Before we talk about routing strategies or throttling algorithms, we need to establish a baseline. What is the most primitive form of an API Gateway?
It is a reverse proxy.
A regular proxy sits in front of the client — it hides who the requester is. A reverse proxy sits in front of the servers — it hides where the service actually lives. When a client sends GET /users/42, it does not know (and should not care) whether the User Service lives at 10.0.1.22:3001 or 10.0.1.55:3003. It just talks to the gateway.
┌───────────────────────────────────────┐
Client │ API GATEWAY │
──────────────► │ - Receives all inbound requests │
GET /users/42 │ - Forwards to correct upstream │──► User Service
│ - Returns the upstream response │
└───────────────────────────────────────┘
In this first figure, the gateway acts purely as a transparent pass-through. The client sees one address; the services remain completely hidden. This is the “atomic unit” we build everything else on top of.
Here is the most minimal Python implementation, using httpx as the proxy transport:
import httpx
from fastapi import FastAPI, Request
from fastapi.responses import Response
app = FastAPI()
SERVICES = {
"users": "http://user-service:3001",
"orders": "http://order-service:3002",
"products": "http://product-service:3003",
}
@app.api_route("/{service}/{path:path}", methods=["GET", "POST", "PUT", "DELETE"])
async def reverse_proxy(service: str, path: str, request: Request):
upstream_url = SERVICES.get(service)
if not upstream_url:
return Response(content="Service not found", status_code=404)
async with httpx.AsyncClient() as client:
url = f"{upstream_url}/{path}"
resp = await client.request(
method=request.method,
url=url,
headers=dict(request.headers),
content=await request.body(),
)
return Response(content=resp.content, status_code=resp.status_code, headers=dict(resp.headers))
This works.

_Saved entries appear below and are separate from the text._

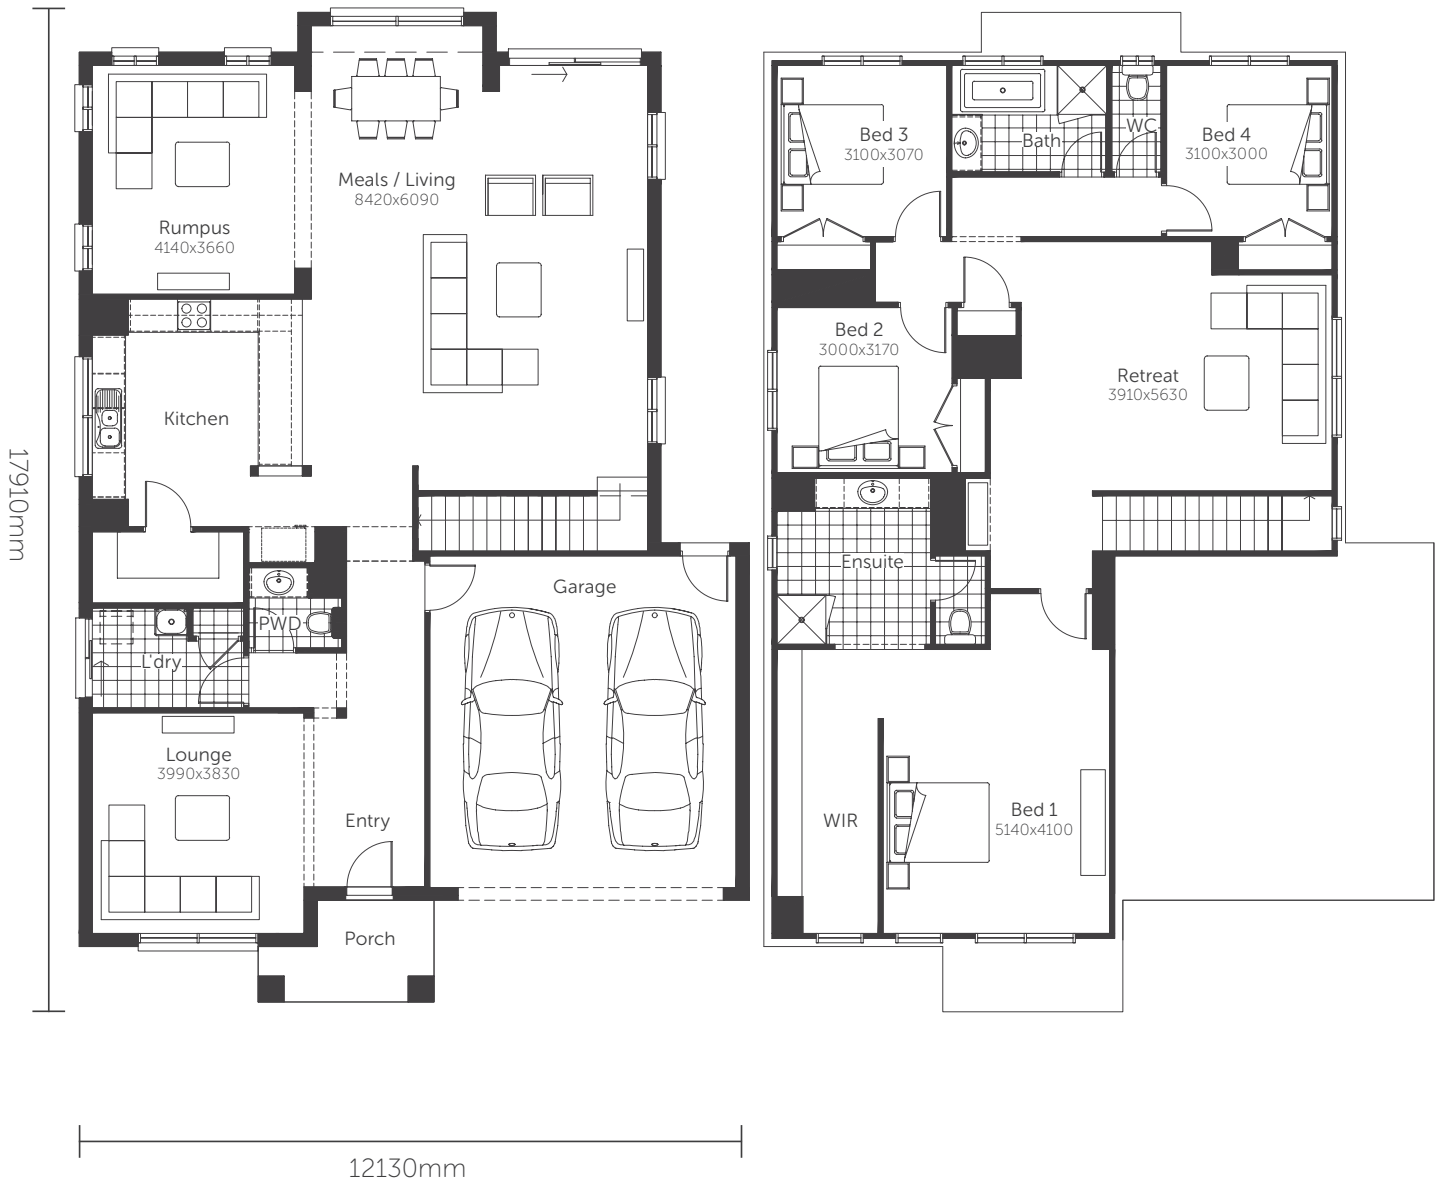

Flint 34

Min. Block Size 14.0 x 28m

AREAS

House area	276.28m ²
Garage	36.43m ²
Porch	4.96m ²

TOTAL AREAS 317.67m²

Classic facade shown

Essence Series

Flint 34

Min. Block Size 14.0 x 28m

AREAS

House area	276.28m ²
Garage	36.43m ²
Porch	4.96m ²

TOTAL AREAS 317.67m²

GUEST BED OPTION

Classic facade shown

Essence Series

Flint 34

Min. Block Size 14.0 x 28m

AREAS

House area	276.28m ²
Garage	36.43m ²
Porch	4.96m ²

TOTAL AREAS 317.67m²

WIP OPTION

Classic facade shown

Essence Series

Flint 34

Min. Block Size 14.0 x 28m

AREAS

House area	276.28m ²
Garage	36.43m ²
Porch	4.96m ²
TOTAL AREAS	317.67m²

GUEST BED & WIP OPTION

Classic facade shown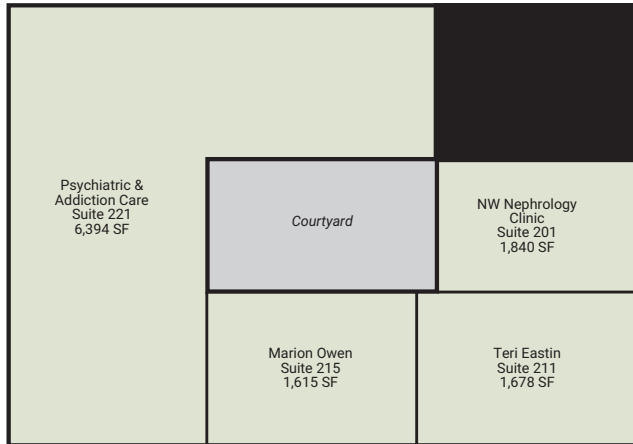

Winn MOB III

Second Floor

Clients can reach any service through a single port. But we have already hit our first wall.
The Limitation: Every service is equally reachable by anyone. There is no authentication. There is no version management. There is no traffic shaping. A single bad actor can send 100,000 requests per second and take down every microservice behind the gateway simultaneously.
We need more. We need intelligence in our gateway. Let us add it, layer by layer.
Routing is the “traffic cop” function of an API Gateway. At its heart, routing answers one question: “Given this incoming request, which backend service should receive it?”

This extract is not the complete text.